§ Work item: Give the records below again, word for word. No pictures belong in the copy.

++++++++++++++++++++

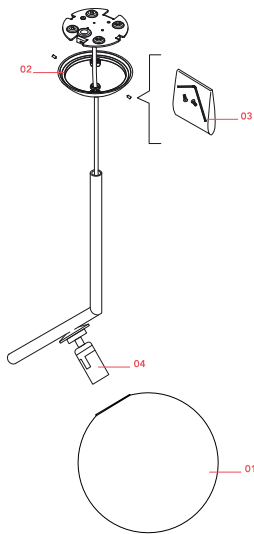

FLOS

F3176057 Chrome

IC Lights S2

Designed by Michael Anastassiades, 2014

Halogen - 205W

Suspension lamp providing diffused light. Frame in brass, chrome or black. Blown glass opal diffuser.

Are you a professional and your project needs consulting and support?

Physical

Colour	Chrome
Length (mm)	300
Cord length (mm)	2700
Canopy dimension (mm)	32
Canopy width (mm)	113
Net weight (kg)	2.9
Package volume (m3)	0.1
IP internal	20

Download

[Mounting instructions](#) PDF

RF32288

LED Lamp E27 15W 2700K T38

NOT INCLUDED

RF32289

LED Lamp E27 15W 3000K T38

Spare Parts

- | | | |
|-----|---|-----------|
| 01. | IC Lights 2 diffuser for chrome version | F3137057 |
| 02. | S1/S2 chrome ceiling rose assembly | RF3170357 |
| 03. | Kit with screws and allen key | RF3160100 |
| 04. | E27 lamp holder assembly | RF3160200 |
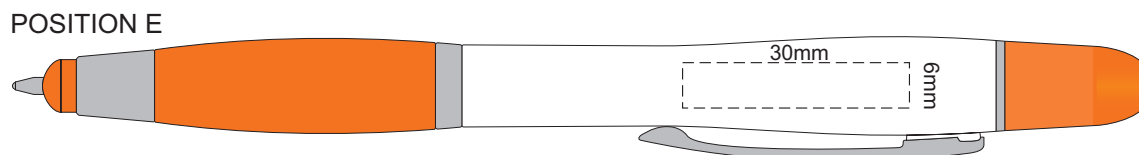

GRIP COLOURS	CAP COLOURS
Yellow	
Orange	
Red	
Green	
Dark Green	
Blue	
Dark Blue	
Purple	
Black	
	Dark Grey

100% of Actual Size  
Pad Print

100% of Actual Size  
Pad Print

100% of Actual Size  
Direct Digital

100% of Actual Size  
Direct Digital
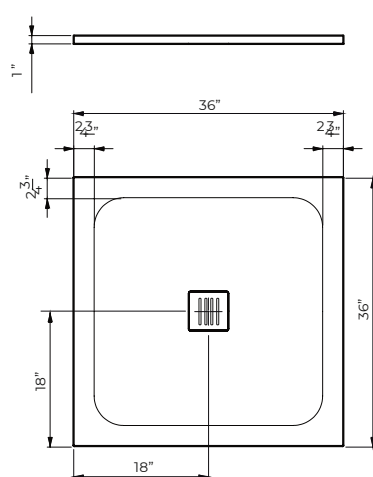

MATERIAL

- Resin stone ACRYSTONE® core

SIZE

- Size: 36 x 36 in
- Weight: 85 lb

INCLUDED

- Shower Tray
- Drain Grid
- Tile flange
- Instruction manual

NOT INCLUDED

- Drain connection
- (IBMirror shower tray can accommodate most 2" standard drain)

MARQUINA

CALACATTA
WHITE

TECHNICAL INFORMATION

APPROXIMATE MEASUREMENTS
The manufacturer accepts 1/4" variance
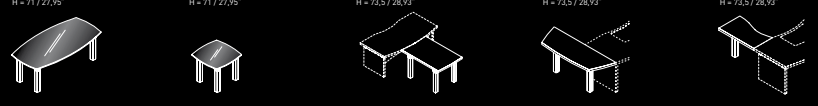

SCRIVANI DIREZIONALI E ALLUNGHE sp. 40 mm
EXECUTIVE DESK THICKNESS DESK TOP 40 MM

L = 210 / 82,67" P = 105 / 41,33" H = 71 / 27,95"
L = 105 / 41,33" P = 105 / 41,33" H = 71 / 27,95"
L = 188 / 54,33" P = 90 / 35,43" H = 73,5 / 28,93"
L = 182 / 71,65" Reversible Reversible P = 42 / 24,40" H = 71 / 27,95"
L = 190 / 39,37" DX - SX P = 40 / 23,62" RH - LH H = 73,5 / 28,93"
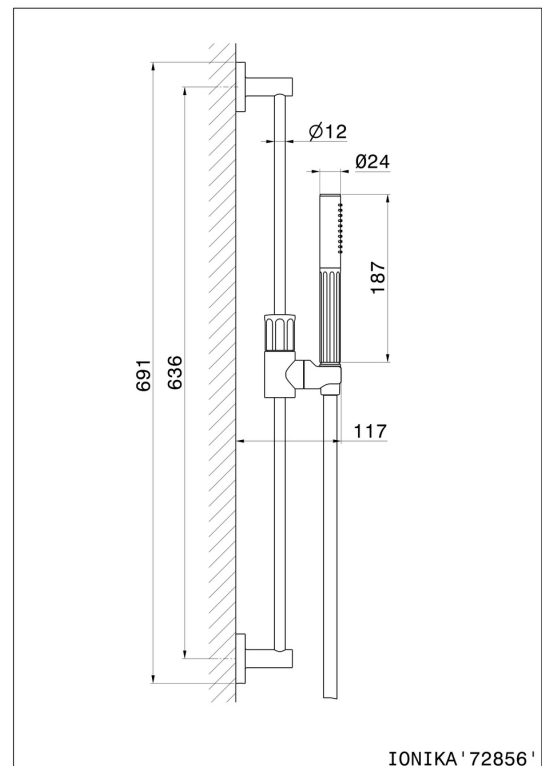

72856.01.093

Complete shower set, with hand shower, L=150 cm flexible,
without wall union - finish Matt Black

FEATURES

Material	Brass
Technology	Save Water
Installation	Wall mounted

TECHNICAL DRAWING

 **AR Preview**
try it in your home

More Details
on our [website](#)

72856.01.093

Complete shower set, with hand shower, L=150 cm flexible, without wall union - finish Matt Black

AVAILABLE FINISHES

01.093

Matt Black

01.014

finish Matt White
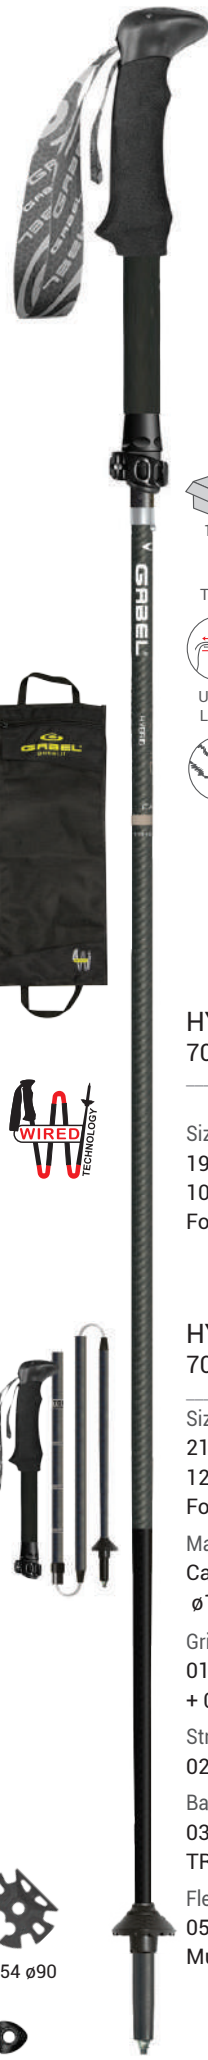

HYBRID CARBON XTS
7009400400000

Size
197 g / 6.94 oz
105-125 cm / 41"-49"
Folded Size 34cm/15"

HYBRID CARBON XTL
7009400300000

Size
212 g / 7.47 oz
120-140 cm / 47"-55"
Folded Size 36cm/17"
Material
Carbon 3K+Alu 7075
 $\varnothing$ 18/16/14 mm
Grip
01/45 Ergo Fit
+ 01/81 Foam Touring
Strap
02/70 Tech Lite
Basket
03/37F + 03/54 $\varnothing$ 90
TR + Ski Alp
Flex: Tip+Tip
05, 5 + 08/15
Multi Fit + Carbide
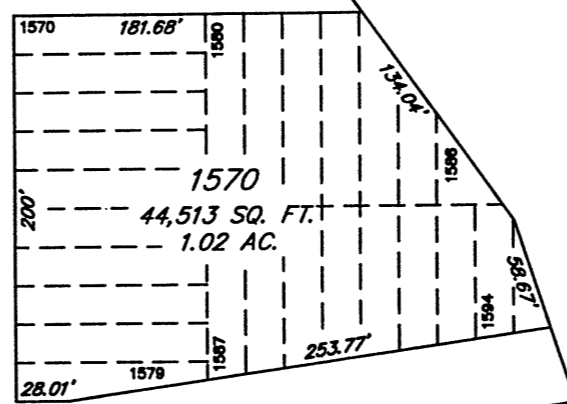

478

OVERLOOK DRIVE

CEDAR ROAD

WALNUT ROAD / ISABEL CIRCLE

OAK ROAD

LARCH ROAD

WILLOW ROAD

477

LEOMINSTER BOULEVARD

BEECH ROAD

400

400

LOT NUMBERS TAKEN FROM UNDATED MAP OF LAKE SAMOSET
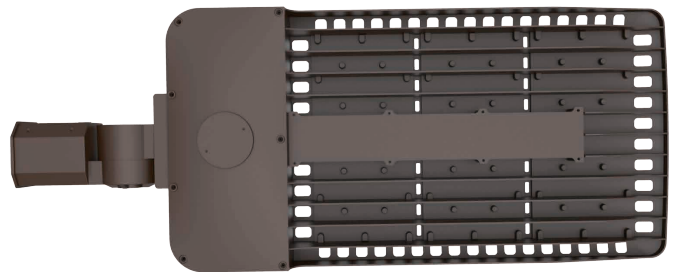

**Orion™**  
**LED Area Light**  
 50W~300W

**FEATURES**

- Weather-proof One Piece Die-cast Aluminum Housing
- Top Grade UV Resistance Polycarbonate Lens
- Easy Installation & Maintenance
- IoT Smart Control Compatible
- 10-year Warranty Available Upon Request
- CE, RoHS, ETL, DLC Pending

## ■ Specifications

Picture	Part#	Power	NO. of Modules	Efficacy(IES)	Total Lumen	N.W	Product Dimensions
	EO-ARORN-50	50W	1	150lm/W	7,500lm	4.5kg/9.9lbs	485x300x75mm 19.1x11.8x2.9in
	EO-ARORN-100	100W	1	145lm/W	14,500lm	4.5kg/9.9lbs	485x300x75mm 19.1x11.8x2.9in
	EO-ARORN-150	150W	1	130lm/W	19,500lm	4.5kg/9.9lbs	485x300x75mm 19.1x11.8x2.9in
	EO-ARORN-200	200W	2	145lm/W	29,000lm	5.9kg/13.0lbs	620x300x75mm 24.4x11.8x2.9in
	EO-ARORN-240	240W	3	150lm/W	36,000lm	8.4kg/18.5lbs	790x300x75mm 31.1x11.8x2.9in
	EO-ARORN-300	300W	3	145lm/W	43,500lm	8.4kg/18.5lbs	790x300x75mm 31.1x11.8x2.9in
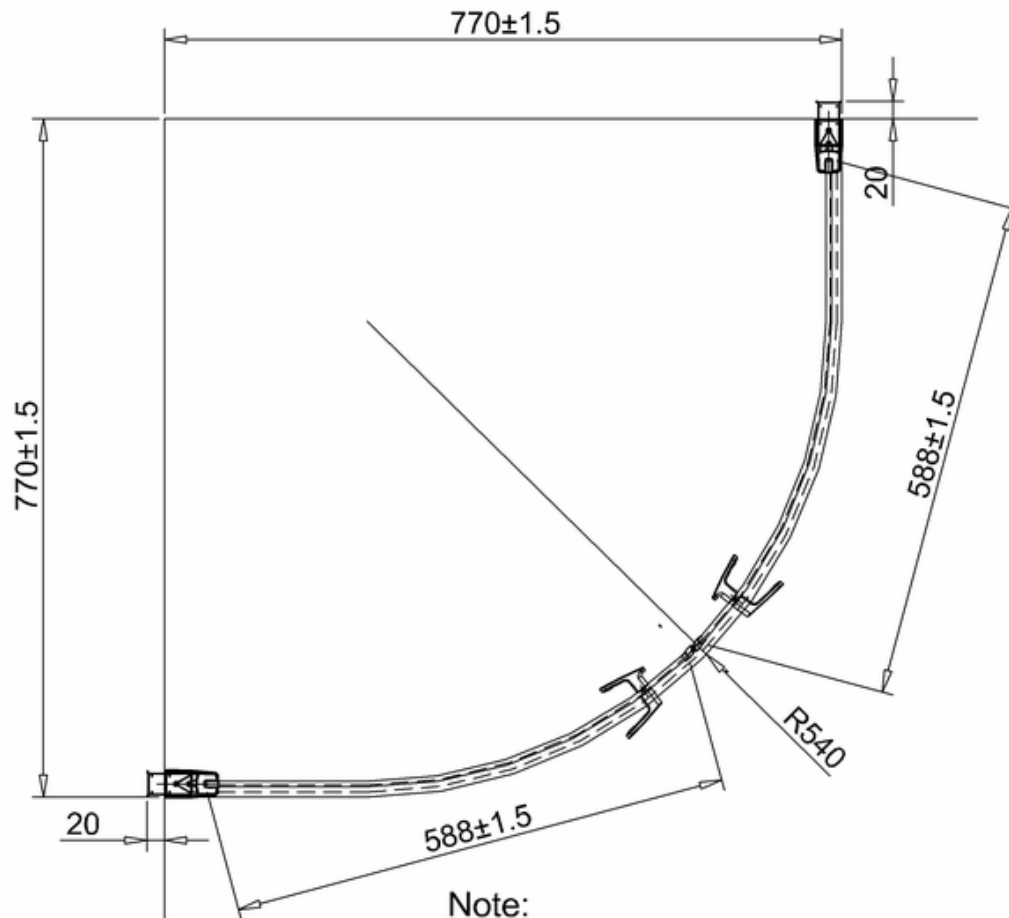

**bathstore**

**51000023100 - Atlantes 800 QUADRANT CHR CLEAR H1950 ADJ  
770-790 QXF82X**

Note:  
Whole dimension tolerance is ±5.  
Glass dimension tolerance is ±2.
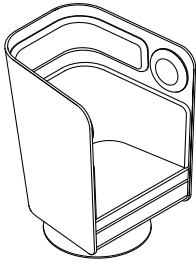

Design by **Paul Crofts**

Key features

CAD and BIM files available

Integrated LED moodlight

Birch plywood frame

Footrest available as an option

Various fabric colours available

Moodlight Modules
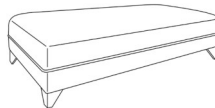

**LHF Chaise Corner Group**  
W 235 x D 272 x H 97 cm

**RHF Chaise Corner Group**  
W 272 x D 235 x H 97 cm

**4 Seat Spilt Sofa**  
W 254 x D 97 x H 97 cm

**3 Seat Sofa**  
W 205 x D 97 x H 97 cm

**2 Seat Sofa**  
W 172 x D 97 x H 97 cm

**Loveseat**  
W 142 x D 97 x H 97 cm

**Accent Chair**  
W 77 x D 80 x H 109 cm

**Bench Footstool**  
W 134 x D 69 x H 36 cm

*\*All sizes are approximate. Colour is for guidance only because while we make every effort to display the colour as accurately as possible, all versions may vary in colour reproduction.*
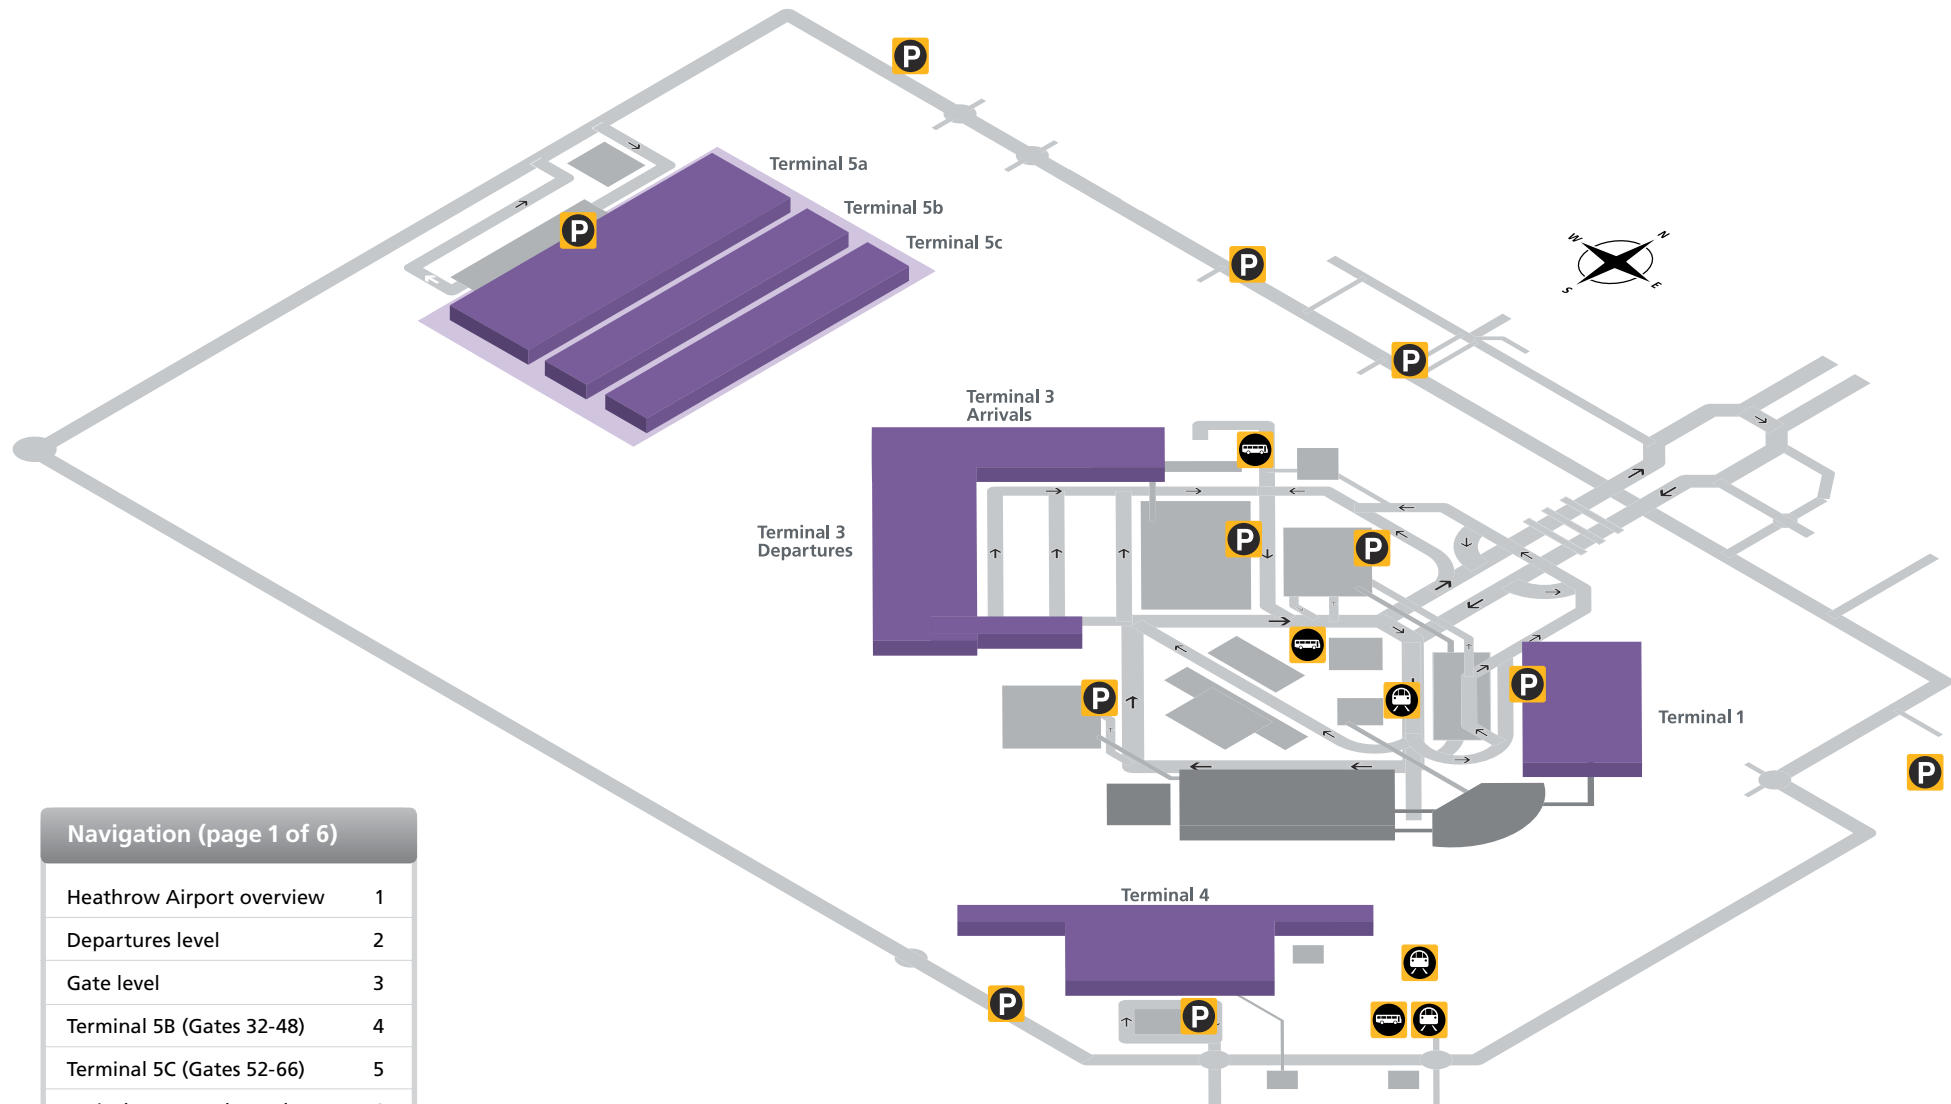

Heathrow Airport

Overview

Navigation (page 1 of 6)

Heathrow Airport overview	1
Departures level	2
Gate level	3
Terminal 5B (Gates 32-48)	4
Terminal 5C (Gates 52-66)	5
Arrivals – onward travel (ground level)	6

Caviar House and Prunier Seafood Bar	44	Wetherspoon Bar and Restaurant - 'The Crown Rivers'	3
EAT.	35	Pret A Manger	1 8
Espresso	48	Starbucks	18
ITSU	45	V Bar	43

Accessible toilet	Internet facility	Stairs
Baby changing facilities	Lift	Telephone
Bureau de change	Multi-faith prayer room	Toilet men
Cash machines	Play area (stay & play)	Toilet women
Drinking water	Passenger lounge/Seating area	Passenger areas
Escalator	Pharmacy	Boingo Wi-Fi is present throughout the terminal

Power charging points for electrical items are available throughout the departure lounge

Navigation (page 3 of 6)

Heathrow Airport overview	1
Departures level	2
Gate level	3
Terminal 5B (Gates 32-48)	4
Terminal 5C (Gates 52-66)	5
Arrivals – onward travel (ground level)	6

Terminal 5

Terminal 5C (Gates 52-66)

Shopping

Boots	+	3	World Duty Free	5
WHSmith		4		

Services

BA customer services desk	8	Multi-faith prayer room	9
Cash machines	7	Orientation zone	6
Internet facility	11 12	Vending machine	1 10

++++++++++++++++++++

§ Response to this task:
FLOS

F3176057 Chrome

IC Lights S2

Designed by Michael Anastassiades, 2014

Halogen - 205W

Suspension lamp providing diffused light. Frame in brass, chrome or black. Blown glass opal diffuser.

Are you a professional and your project needs consulting and support?

Physical

Colour	Chrome
Length (mm)	300
Cord length (mm)	2700
Canopy dimension (mm)	32
Canopy width (mm)	113
Net weight (kg)	2.9
Package volume (m3)	0.1
IP internal	20

Download

[Mounting instructions](#) PDF

RF32288

LED Lamp E27 15W 2700K T38

NOT INCLUDED

RF32289

LED Lamp E27 15W 3000K T38

Spare Parts

- | | | |
|-----|---|-----------|
| 01. | IC Lights 2 diffuser for chrome version | F3137057 |
| 02. | S1/S2 chrome ceiling rose assembly | RF3170357 |
| 03. | Kit with screws and allen key | RF3160100 |
| 04. | E27 lamp holder assembly | RF3160200 |

GRIP COLOURS	CAP COLOURS
Yellow	
Orange	
Red	
Green	
Dark Green	
Blue	
Dark Blue	
Purple	
Black	
	Dark Grey

100% of Actual Size  
Pad Print

100% of Actual Size  
Pad Print

100% of Actual Size  
Direct Digital

100% of Actual Size  
Direct Digital

MATERIAL

- Resin stone ACRYSTONE® core

SIZE

- Size: 36 x 36 in
- Weight: 85 lb

INCLUDED

- Shower Tray
- Drain Grid
- Tile flange
- Instruction manual

NOT INCLUDED

- Drain connection
- (IBMirror shower tray can accommodate most 2" standard drain)

MARQUINA

CALACATTA
WHITE

TECHNICAL INFORMATION

APPROXIMATE MEASUREMENTS
The manufacturer accepts 1/4" variance

SCRIVANI DIREZIONALI E ALLUNGHE sp. 40 mm
EXECUTIVE DESK THICKNESS DESK TOP 40 MM

L = 210 / 82,67" P = 105 / 41,33" H = 71 / 27,95"
L = 105 / 41,33" P = 105 / 41,33" H = 71 / 27,95"
L = 188 / 54,33" P = 90 / 35,43" H = 73,5 / 28,93"
L = 182 / 71,65" Reversible Reversible P = 42 / 24,40" H = 71 / 27,95"
L = 190 / 39,37" DX - SX P = 40 / 23,62" RH - LH H = 73,5 / 28,93"

72856.01.093

Complete shower set, with hand shower, L=150 cm flexible,
without wall union - finish Matt Black

FEATURES

Material	Brass
Technology	Save Water
Installation	Wall mounted

TECHNICAL DRAWING

 **AR Preview**
try it in your home

More Details
on our [website](#)

72856.01.093

Complete shower set, with hand shower, L=150 cm flexible, without wall union - finish Matt Black

AVAILABLE FINISHES

01.093

Matt Black

01.014

finish Matt White

HYBRID CARBON XTS
7009400400000

Size
197 g / 6.94 oz
105-125 cm / 41"-49"
Folded Size 34cm/15"

HYBRID CARBON XTL
7009400300000

Size
212 g / 7.47 oz
120-140 cm / 47"-55"
Folded Size 36cm/17"
Material
Carbon 3K+Alu 7075
 $\varnothing$ 18/16/14 mm
Grip
01/45 Ergo Fit
+ 01/81 Foam Touring
Strap
02/70 Tech Lite
Basket
03/37F + 03/54 $\varnothing$ 90
TR + Ski Alp
Flex: Tip+Tip
05, 5 + 08/15
Multi Fit + Carbide

478

OVERLOOK DRIVE

CEDAR ROAD

WALNUT ROAD / ISABEL CIRCLE

OAK ROAD

LARCH ROAD

WILLOW ROAD

477

LEOMINSTER BOULEVARD

BEECH ROAD

400

400

LOT NUMBERS TAKEN FROM UNDATED MAP OF LAKE SAMOSET

**Orion™**  
**LED Area Light**  
 50W~300W

**FEATURES**

- Weather-proof One Piece Die-cast Aluminum Housing
- Top Grade UV Resistance Polycarbonate Lens
- Easy Installation & Maintenance
- IoT Smart Control Compatible
- 10-year Warranty Available Upon Request
- CE, RoHS, ETL, DLC Pending

## ■ Specifications

Picture	Part#	Power	NO. of Modules	Efficacy(IES)	Total Lumen	N.W	Product Dimensions
	EO-ARORN-50	50W	1	150lm/W	7,500lm	4.5kg/9.9lbs	485x300x75mm 19.1x11.8x2.9in
	EO-ARORN-100	100W	1	145lm/W	14,500lm	4.5kg/9.9lbs	485x300x75mm 19.1x11.8x2.9in
	EO-ARORN-150	150W	1	130lm/W	19,500lm	4.5kg/9.9lbs	485x300x75mm 19.1x11.8x2.9in
	EO-ARORN-200	200W	2	145lm/W	29,000lm	5.9kg/13.0lbs	620x300x75mm 24.4x11.8x2.9in
	EO-ARORN-240	240W	3	150lm/W	36,000lm	8.4kg/18.5lbs	790x300x75mm 31.1x11.8x2.9in
	EO-ARORN-300	300W	3	145lm/W	43,500lm	8.4kg/18.5lbs	790x300x75mm 31.1x11.8x2.9in

**bathstore**

**51000023100 - Atlantes 800 QUADRANT CHR CLEAR H1950 ADJ  
770-790 QXF82X**

Note:  
Whole dimension tolerance is ±5.  
Glass dimension tolerance is ±2.

Design by **Paul Crofts**

Key features

CAD and BIM files available

Integrated LED moodlight

Birch plywood frame

Footrest available as an option

Various fabric colours available

Moodlight Modules

**LHF Chaise Corner Group**  
W 235 x D 272 x H 97 cm

**RHF Chaise Corner Group**  
W 272 x D 235 x H 97 cm

**4 Seat Spilt Sofa**  
W 254 x D 97 x H 97 cm

**3 Seat Sofa**  
W 205 x D 97 x H 97 cm

**2 Seat Sofa**  
W 172 x D 97 x H 97 cm

**Loveseat**  
W 142 x D 97 x H 97 cm

**Accent Chair**  
W 77 x D 80 x H 109 cm

**Bench Footstool**  
W 134 x D 69 x H 36 cm

*\*All sizes are approximate. Colour is for guidance only because while we make every effort to display the colour as accurately as possible, all versions may vary in colour reproduction.*

Heathrow Airport

Overview

Navigation (page 1 of 6)

Heathrow Airport overview	1
Departures level	2
Gate level	3
Terminal 5B (Gates 32-48)	4
Terminal 5C (Gates 52-66)	5
Arrivals – onward travel (ground level)	6

Caviar House and Prunier Seafood Bar	44	Wetherspoon Bar and Restaurant - 'The Crown Rivers'	3
EAT.	35	Pret A Manger	1 8
Espresso	48	Starbucks	18
ITSU	45	V Bar	43

Accessible toilet	Internet facility	Stairs
Baby changing facilities	Lift	Telephone
Bureau de change	Multi-faith prayer room	Toilet men
Cash machines	Play area (stay & play)	Toilet women
Drinking water	Passenger lounge/Seating area	Passenger areas
Escalator	Pharmacy	Boingo Wi-Fi is present throughout the terminal

Power charging points for electrical items are available throughout the departure lounge

Navigation (page 3 of 6)

Heathrow Airport overview	1
Departures level	2
Gate level	3
Terminal 5B (Gates 32-48)	4
Terminal 5C (Gates 52-66)	5
Arrivals – onward travel (ground level)	6

Terminal 5

Terminal 5C (Gates 52-66)

Shopping

Boots	+	3	World Duty Free	5
WHSmith		4		

Services

BA customer services desk	8	Multi-faith prayer room	9
Cash machines	7	Orientation zone	6
Internet facility	11 12	Vending machine	1 10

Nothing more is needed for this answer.